The back to back deals began to emerge in media reports the following February and, as a result, ILP released a press statement disputing the way that Anglo’s had treated the deposits in their accounts. Anglo’s accounts were later re-issued with a note linking the deal together.

Mr Casey stepped down as Group chief executive of in February 2009. He told gardaí that, after his resignation, three phone-calls were made to change the accounting treatment of the transactions in ILP records to show it as a non-collateralised transaction.

The first of these, he said, was from Matt Moran. Another call was made from Donal O’Connor, who had succeeded Sean FitzPatrick as chairman.

He said these requests were rejected and, following that, the then secretary general of the Department of Finance, Kevin Cardiff, contacted ILP “enquiring about the accounting treatment for the transaction” and concluding that it was a ‘spat’ which should be sorted out between ILP and Anglo”.

Early on in the trial, the jury heard evidence of Anglo management discussing disguising short-term loans of €750 million from Irish Life & Permanent and keeping them “tight as a duck’s arse”, the trial of the former banking executives heard.
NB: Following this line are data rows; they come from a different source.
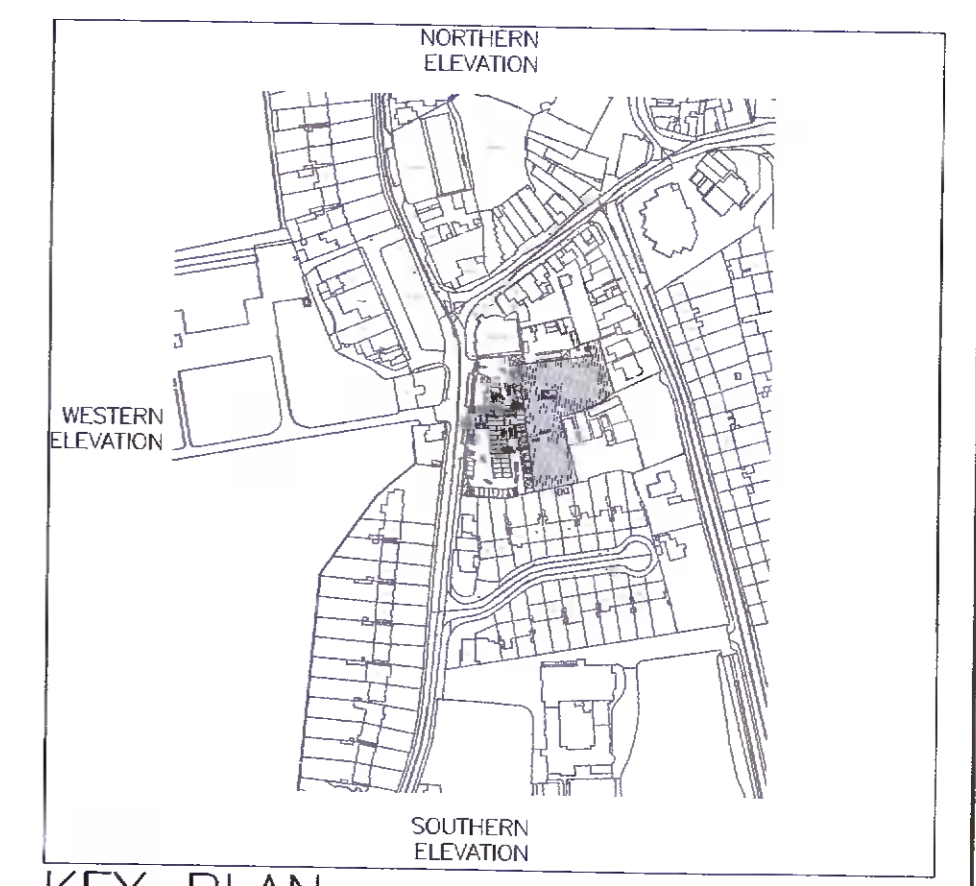

LEGEND
 AREA SUBJECT TO DEVELOPMENT

EXISTING CONTIGUOUS NORTHERN ELEVATION
 SCALE 1:200

PROPOSED CONTIGUOUS NORTHERN ELEVATION
 SCALE 1:200

KEY PLAN
 NTS

S2 PLANNING

© CRS
 This drawing and any design hereon is the copyright of the Consultants and must not be reproduced without their written consent. All drawings remain the property of the Consultants.
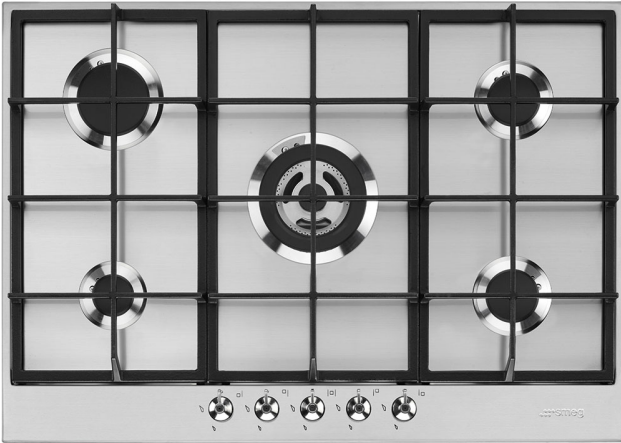

Hobs - Classica - PX375

Aesthetics: Classica, Gas, 70/75 cm, Built-in type:
Traditional

ACCESSORIES INCLUDED

Other gas nozzles included: G30 GPL
Liquid gas
Other gas connections provided: Conical

OPTIONAL

6MP1PX3: Knobs Set, Hobs
TPK: Teppanyaki grill, Hobs
DICAR: Simmer Plate, Cookers, Hobs
GRW: Reduction Grid, Hobs
WOKGHU: Reduction Grid, Cookers,
Hobs

TYPE

EAN code: 8017709252090 • Dimensions: 70/75 cm • Power supply: Gas • Built-in type: Traditional • Type: Gas

AESTHETICS

Burners Material: Aluminium • Type of control setting: Control knobs • No. of controls: 5 • Controls colour: Steel effect • Finishing: Satin • Aesthetics: Classica • Burners: Smeg Contemporary • Type of steel: Brushed • Control knob position: Front • Serigraphy colour: Black • Colour: Stainless steel • Material: Stainless Steel • Pan stands: Cast iron

Mr Bowe told a conference call with Anglo executives in March 2008, when a similar type of transaction was being discussed in relation to the bank’s half-year figures, that the only issue they had to think about was from a regulatory point of view.

He said: “And the regulator is more or less saying, ‘look, I’m not looking’.”

In another call on March 27th, Matt Cullen, a former director of treasury at Anglo and his counterpart in ILP, David Gantly, discussed the details of the March transactions. Mr Bowe was also on this call. Mr Gantly told Mr Cullen: “You put the stuff into us and we put it straight back through our other boys. You just need an overnight transaction through month-end, correct?”

The court heard that “the other boys” referred to Irish Life Assurance.

Mr Gantly said he was purposely not using names because, he said, “the walls have ears in this climate”. He later suggested it would be better to break the €750 million figure involved in the earlier half-year figures into smaller transactions because “it might look better to disguise it, somewhat, you know?”.

Mr Gantly added later on the same call: “I can vouch for my own have to be tight as a duck’s arse here”.